To the circle at Bennington, a letter from Bear Creek was always a welcome summons to gather and hear of doings very strange to Vermont. And when the tale of the changed babies arrived duly by the post, it created a more than usual sensation, and was read to a large number of pleased and scandalized neighbors. "I hate her to be where such things can happen," said Mrs. Wood. "I wish I could have been there," said her son-in-law, Andrew Bell. "She does not mention who played the trick," said Mrs. Andrew Bell. "We shouldn't be any wiser if she did," said Mrs. Wood. "I'd like to meet the perpetrator," said Andrew. "Oh, no!" said Mrs.
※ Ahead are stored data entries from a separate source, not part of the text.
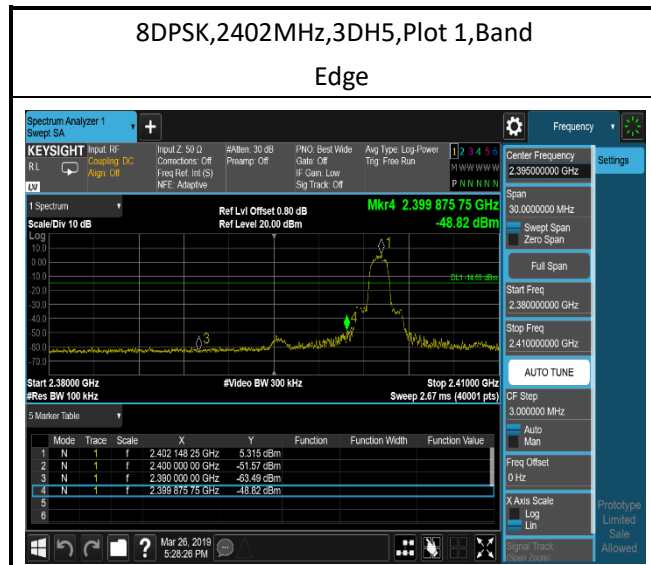

DQPSK,2441MHz,2DH5,Plot 3,2500MHz~100

00MHz

DQPSK,2441MHz,2DH5,Plot 4,10000MHz~25

00MHz

DQPSK,2480MHz,2DH5,Plot 1,Band

Edge

DQPSK,2480MHz,2DH5,Plot 2,0.009MHz~24

75MHz

DQPSK,2480MHz,2DH5,Plot 3,2505MHz~100

00MHz

DQPSK,2480MHz,2DH5,Plot 4,10000MHz~25

00MHz

8DPSK,2441MHz,3DH5,Plot 3,2500MHz~100

00MHz

8DPSK,2441MHz,3DH5,Plot 4,10000MHz~25

00MHz

8DPSK,2480MHz,3DH5,Plot 1,Band

Edge

8DPSK,2480MHz,3DH5,Plot 2,0.009MHz~24

75MHz

8DPSK,2480MHz,3DH5,Plot 3,2505MHz~100

00MHz

8DPSK,2480MHz,3DH5,Plot 4,10000MHz~25

00MHz
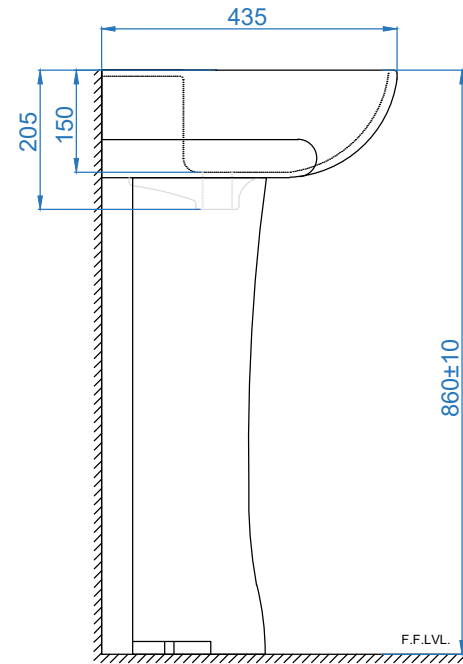

TOP VIEW

BACK VIEW

SIDE VIEW

	ITEM CODE	
	ITEM TYPE	MONACO WASH BASIN WITH FULL PEDESTAL
Somany Bathware Corporate Office : F-36, Sector-6, Noida - 201301, Uttar Pradesh Website : www.somanyceramics.com E-mail : marketing@somanyceramics.com Customer Service : customer.support@somanyceramics.com Toll free : 1800-1030-004	ITEM SIZE	580x435x860mm
		ALL DIMENSIONS ARE IN MM. (TOLERANCE ± 5 MM)
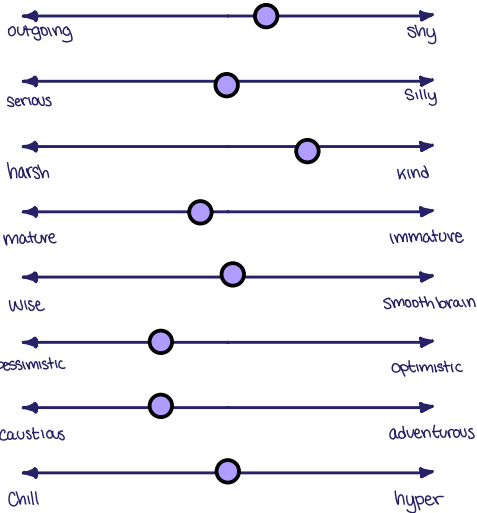

Personality!

My Favourites →

Food: Baked ziti	Drink: Water
Scent: Strawberry	Colour: Purple
City: New York	Animal: Cats
TV Show: The Owl House	Hobby: writing
Inspiration: _____	Flower: white tulip
Emoji:	Store/Shop: Peimark
Restaurant: Chillies	App: webtoon

Creators Recommendations!

you must...

LISTEN TO	WATCH THIS MOVIE
READ	The Mitchells vs the Machine
Challenger Deep	VIEW
EAT	FOLLOW
WATCH ON YT	DRINK
	Water

Tip: Filling this out in a different colour than the templates makes it stand out! (highlighter recommended!)

Get to know me!

Name: **Madeline**
Nickname: **Maddie mads**

Favourites!
Candys: **sweet fats**
Music Genre: **Pop**
Foods: **Baked ziti**
Subject: **creative writing**

Hobbies:
• **reading**
• **writing**

My Birthday!
July
28th

Likes:
• **books**
• **games**
• **writing**
• **thrift shops**

Dislikes:
• **rule ppl**
• **Haters**
• **Homophobes**
• **Hw**
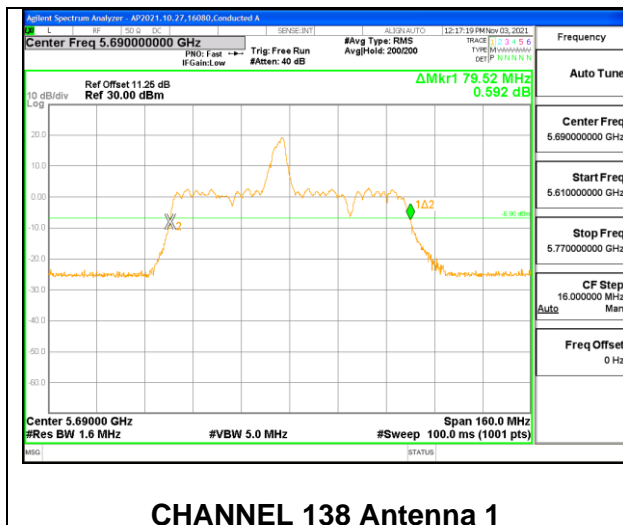

2TX Antenna 1 + Antenna 2 CDD OFDMA MODE: 52-Tones, RU Index 44

Channel	Frequency (MHz)	26 dB Bandwidth Chain 0 (MHz)	26 dB Bandwidth Chain 1 (MHz)
138	5690	79.52	79.52
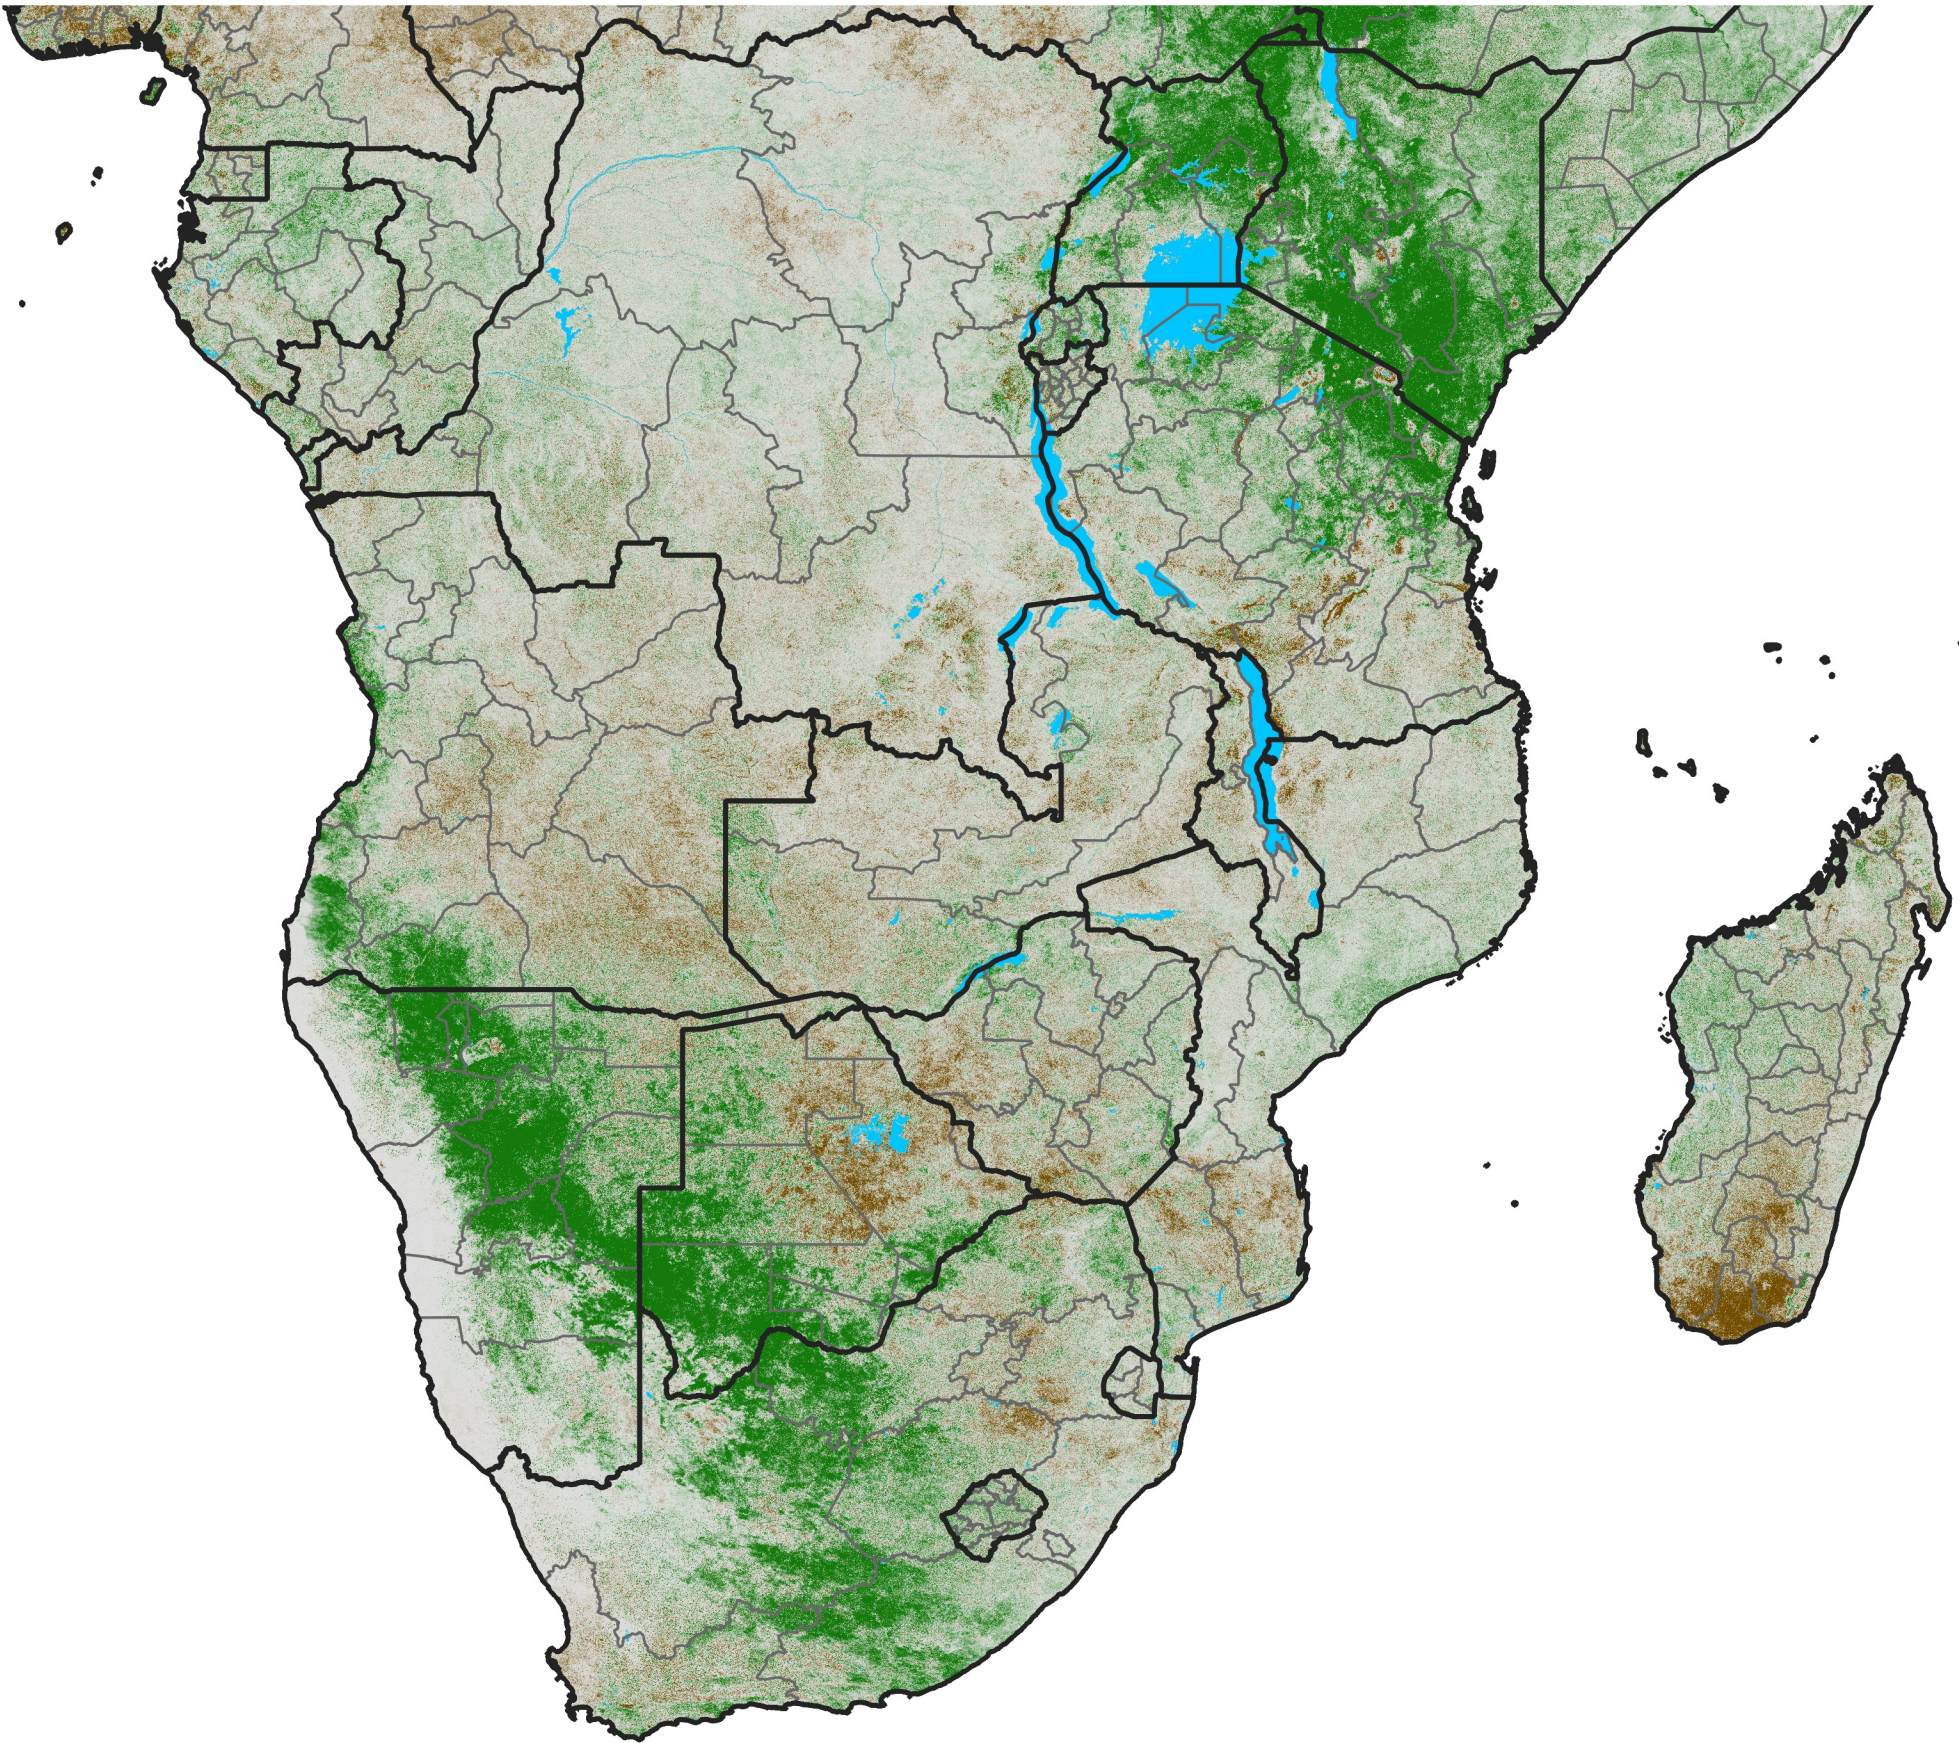

Southern Africa

NDVI Difference

2020 minus 2019

Period 07 / March 01 - 10, 2020

NDVI Difference

< -0.3 -0.2 -0.1 -0.05 0.05 0.1 0.2 >0.3

Negative

No Difference

Wood. "They're all horrible." And she wrote at once, begging her daughter to take good care of herself, and to see as much of Mrs. Balaam as possible. "And of any other ladies that are near you. For you seem to me to be in a community of roughs. I wish you would give it all up. Did you expect me to laugh about the babies?"

Mrs. Flynt, when this story was repeated to her (she had not been invited in to hear the letter), remarked that she had always felt that Molly Wood must be a little vulgar, ever since she began to go about giving music lessons like any ordinary German.
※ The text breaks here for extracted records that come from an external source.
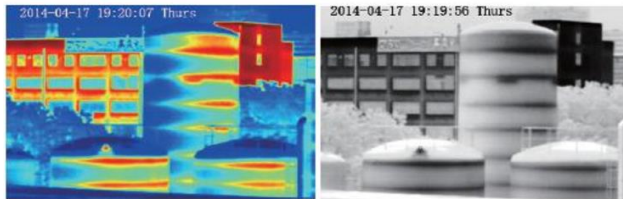

### Features;

- . Non-cooling IR focal plane sensor
- . Response wavelength 8~14um, Pixels up to 420 x 315 pixels
- . Heat sensitivity, up to 50mK
- . Support 8/15/25/35/50 mm focal length
- . Support pseudo-color mode switching:  
Black hot / White Heat / Rainbow / on oxide red
- . Support DVE image enhancement features
- . Support Noise / mirroring
- . Supports H.264 BP / MP / HP / MJPEG optional four coding algorithms and compatibility
- . Real-time 3 yards stream output can meet local storage and network transmission of video
- . 1 channel audio input, 1 channel audio output, two-way voice intercom
- . Support Micro SD card local storage (max 32GB), can effectively solve the video lost due to network failure
- . Hardware watchdog, fault auto recovery
- . 3-Axis rotation adjustable bracket for easy installation adjustment
- . DC12V/POE
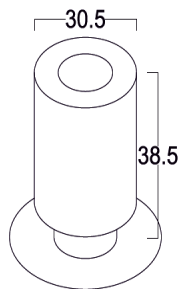

Jewellery & Showcase Display Lighting

Model: iLED 1 JL 01

PRODUCT DESCRIPTION

The Jewellery & Showcase Display Light is 1W. Universal power supply/drivers with input range of 90 V to 305 V AC 50/60 Hz and PF >0.95. The material used is Aluminum with adjustable head & PMMA optics. It is ideal to focus the jewellery, show case, pictures, rooms, readings etc. *Different fixture colours available on request.*

SPECIFICATION

Material	: Aluminum with adjustable head & PMMA optics
Lumen Efficacy	: 160 – 180 lumens
Mounting	: Surface mount
Power	: 1W
Voltage	: 90 V to 305 V AC 50/60 Hz
Power Factor	: >0.95
LED colors	: White 6000-6400 K Neutral White 4000-4500 K Warm White 2700-3000 K
Lumen Flux	: 120-140 lm/W
Dimension	: D-30.5 X H-38.5 mm
Driver	: External
Operating Temp	: -40°C ~ + 70°C
CRI	: >85
IP Rating	: IP 20
Led used	: CREE ⇄
Dimmable Interface	: CASAMBI , Colour tunable (2700 K – 6000 K), DALI, Edge pulse/0/1-10 V dimming control (optional)
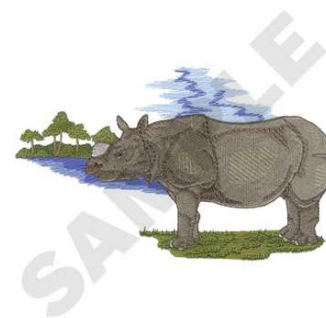

Name: Indian Rhino Scene Machine Embroidery Design

SKU: DC01-WL2713

Brand: Dakota Collectibles

Unique Colors: 13 (14 color Stops)

Unique Colors

	Color Name (Color Code)	Manufacturer - Type
	Super White (1001) [No Color Selected]	madeira - rayon
	Dusty Lilac (1263) [No Color Selected]	madeira - rayon
	Crocus (286)	Exquisite - Polyester 1000m
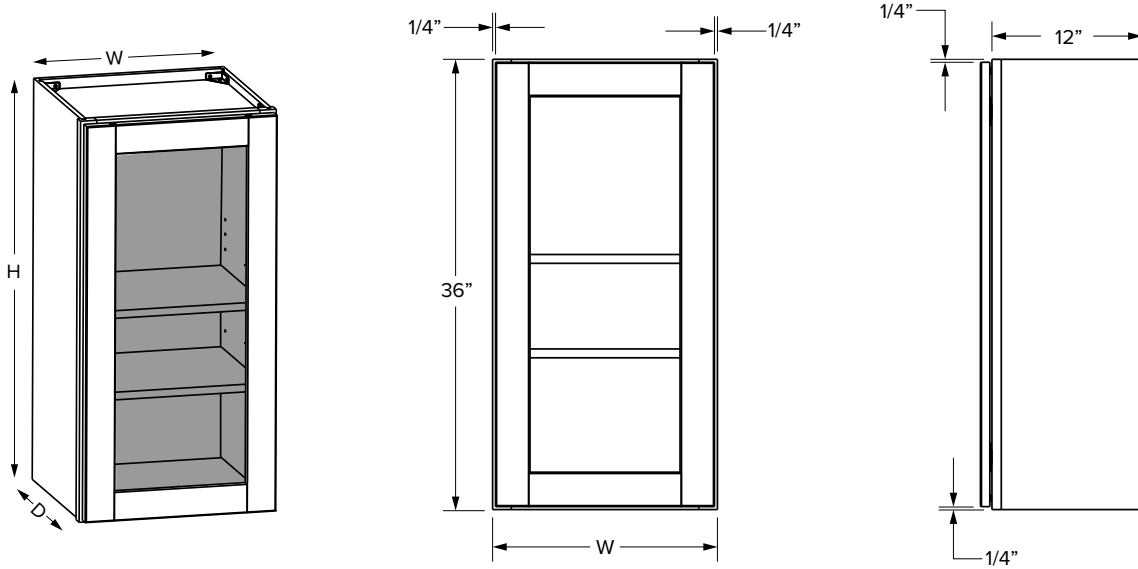

Wall Cabinets - Dimensions

36" Height glass door cabinets

Premier Overlay - Single Door

Premier Overlay - Double Door
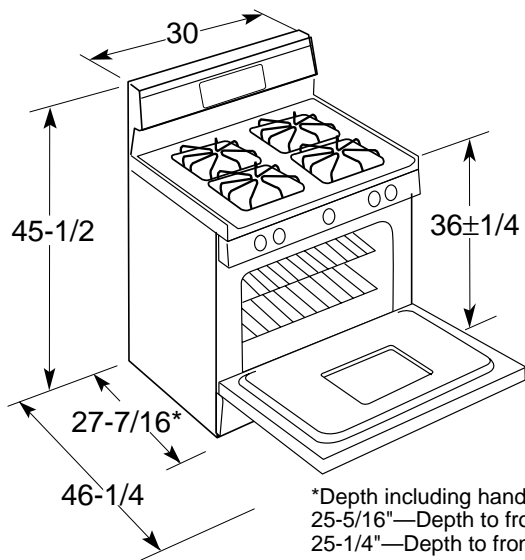

## JGBS04PPACT – GE 30" Free-Standing XL44™ Gas Range

### Dimensions (in inches) and Installation Information

But Mrs. Wood was considerably relieved when the next letter arrived. It contained nothing horrible about barbecues or babies. It mentioned the great beauty of the weather, and how well and strong the fine air was making the writer feel. And it asked that books might be sent, many books of all sorts, novels, poetry, all the good old books and any good new ones that could be spared. Cheap editions, of course. "Indeed she shall have them!" said Mrs. Wood. "How her mind must be starving in that dreadful place!" The letter was not a long one, and, besides the books, spoke of little else except the fine weather and the chances for outdoor exercise that this gave. "You have no idea," it said, "how delightful it is to ride, especially on a spirited horse, which I can do now quite well."

"How nice that is!" said Mrs. Wood, putting down the letter. "I hope the horse is not too spirited."--"Who does she go riding with?" asked Mrs. Bell. "She doesn't say, Sarah. Why?"--"Nothing. She has a queer way of not mentioning things, now and then."--"Sarah!" exclaimed Mrs. Wood, reproachfully. "Oh, well, mother, you know just as well as I do that she can be very independent and unconventional."--"Yes; but not in that way. She wouldn't ride with poor Sam Bannett, and after all he is a suitable person."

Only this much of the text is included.